Hacker Newsnew | past | comments | ask | show | jobs | submitlogin

I'm torn.

On the one hand, the tech is impressive, and the demo is nicely done.

On the other, I think the demo completely misses the point. There's a disconnect between what learners need to learn and what this model optimises for, and it's probably largely explainable by how difficult (maybe even impossible) getting training datasets is. That, and marketing.

I believe most learners optimise for two things: being understood [1] and not being grating to the ear [2]. Both goals hinge on acquiring the right set of phonemes and phonetic "tools", because the sets of meaningfully distinct sounds (phonemes) and "tools" rarely match between languages.

For example, most (all?) Slavic languages have way fewer meaningfully distinct vowels than English. Meaningfully distinct is the crucial part. Russian word "молоко" as it's most often pronounced has three different vowels, at least two of which would be distinct to an English speaker, but Russian speakers hear that as one-ish vowel. And I mean "hear it": it's not a conscious phenomenon! Phoneme recognition is completely subconscious, so unless specifically trained, people often don't hear the difference between sounds that are obviously different to people who speak that language natively [3].

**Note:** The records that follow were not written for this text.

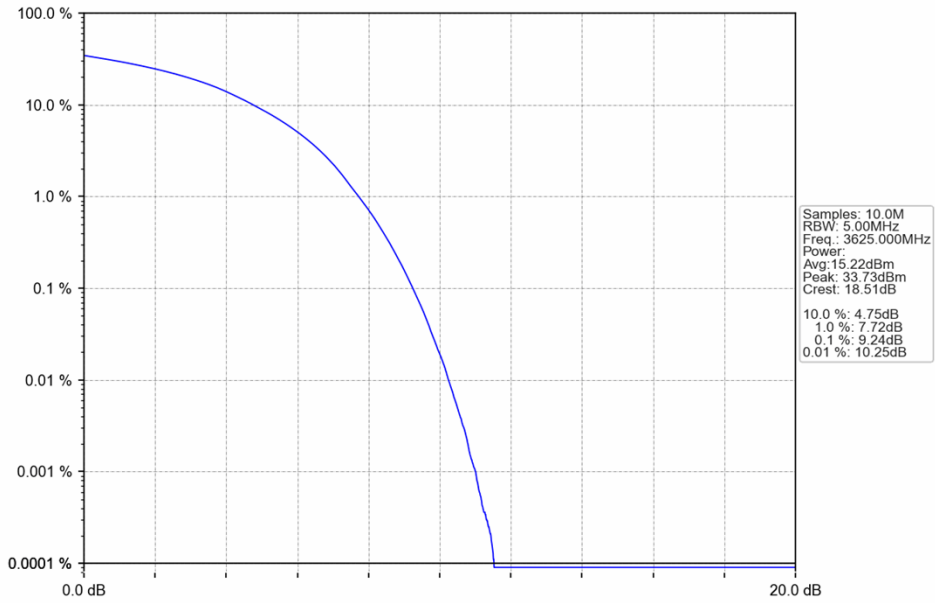

1.3.2 Test Graph

Band48_15MHz_QPSK_HCH_3692.5MHz_RB_75_0_NTNV

Band48_15MHz_16QAM_LCH_3557.5MHz_RB_75_0_NTNV

Band48_15MHz_16QAM_MCH_3625MHz_RB_75_0_NTNV

Band48_15MHz_16QAM_HCH_3692.5MHz_RB_75_0_NTNV

1.4 B48_20MHz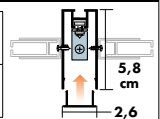

60072 € 18,30 cad.

MN 0035

€ 120,00 cad.

Radiocomando 1 canale	60758	+ € 65,00 cad.
Radiocomando 4 canali	60759	+ € 75,00 cad.

20056 + 20057

€ 26,50 m/l

STAFFE - BRACKETS

70166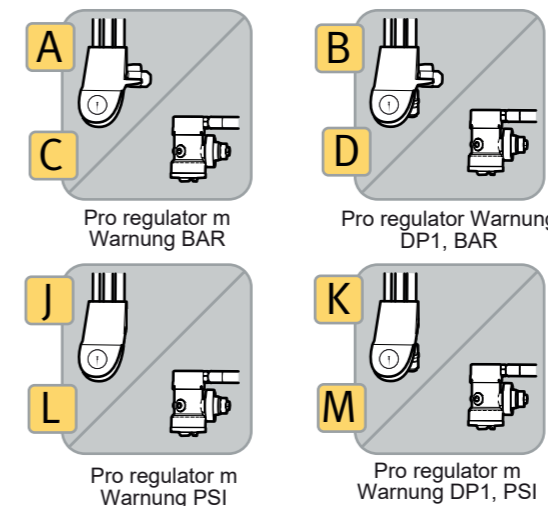

Divator Pro Konfigurator Einzelflaschen

Begurtung		
Teile Nr.		Name
PRO-H-	A	Pro Begurtung
PRO-H-	B	Pro Begurtung mit Gewichte

Blase		
Teile Nr.		Name
PRO-B-	A	Pro Blase
PRO-B-	B	Pro Blase & inflations flasche
PRO-B-	E	Pro Rettungsblase
	o	Keiner

Flaschen		
Teile Nr.		Name
PRO-S-CYL-	A	Pro Einzelflasche stahl 4 liter
PRO-S-CYL-	B	Pro Einzelflasche stahl 6 liter
PRO-S-CYL-	C	Pro Einzelflasche stahl 10 liter
PRO-S-CYL-	Z	Pro Einzelflasche Montagesatz
	o	Keiner

Regulator		
Teile Nr.		Name
PRO-S-REG-	A	Pro Regulator m Warnung, bar
PRO-S-REG-	B	Pro Regulator m Warnung + DP1, bar
PRO-S-REG-	C	Pro Regulator m Warnung, psi
PRO-S-REG-	D	Pro Regulator m Warnung + DP1, psi
PRO-S-REG-	J	Pro Regulator, bar
PRO-S-REG-	K	Pro Regulator + DP1, bar
PRO-S-REG-	L	Pro Regulator, psi
PRO-S-REG-	M	Pro Regulator + DP1, psi
	o	Keiner

Oktopus		
Teile Nr.		Name
OCT-	A	Oktopus (m Schlauch und okt. Halter)
	o	Keiner

Trockenanzugschlauch		
Teile Nr.		Name
SH-	A	CEJN Verbindung
	o	Keiner

Hochdruckzubehör		
Teile Nr.		Name
HP-S-	A	Divator HUD 55 bar
HP-S-	B	Divator HUD 80 bar
	o	Keiner

Same goes for phonetic "tools". English speakers shorten vowels when followed by non-voiced consonants, which makes "heart" and "hard" distinguishable even when t/d are transformed into the same sound (glottal stop or a tap). This "tool" is not available in many languages, so people use it incorrectly and it sounds confusing.

So, how would ML models learn this mapping between sounds and phonemes, especially when it's non-local (like with the preceding vowel length)? It's relatively straightforward to find large sets of speech samples labelled with their speakers' backgrounds, but that's just sounds, not phonemes! There is very little signal showing which sound structures matter for humans listening to the sound and which don't. [4]

There's also a set of moral issues connected to the "target accent" approach. Teaching learners to acquire an accent that superficially sounds like whatever they chose as a "target" devalues all other accents, that are just as valid and are just as English, because they have the same phonetic system (phonemes + "tools"). It can also make people sound a bit cringe, which I saw first hand.

Ideally learners should learn phonetic systems, not superficial accents. That's what makes speech intelligible and natural, even if it's has an exotic flavour [5][6]. Systems like the one the company is building do the opposite. I guess they are easier to build and easier to sell.

[1]: On that path lies a nice surprise: being understood and understanding are two sides of the same medal, so learning how to be understood a language learner inevitably starts to understand better. Being able to hear the full set of phonemes is the key to both.

[2]: There's a vast, VAST difference between people not paying attention to how someone speaks and them not being able to tell that something's off when prompted.

[3]: Nice demonstration for non-Hindi speakers: https://www.youtube.com/watch?v=-I7iUUp-cX8 When isolated and spoken slowly, the consonants might sound different, but in normal speech they sound practically indistinguishable to English speakers with no prior exposure. Native speakers would hear the difference as clear as you would in cap/cup!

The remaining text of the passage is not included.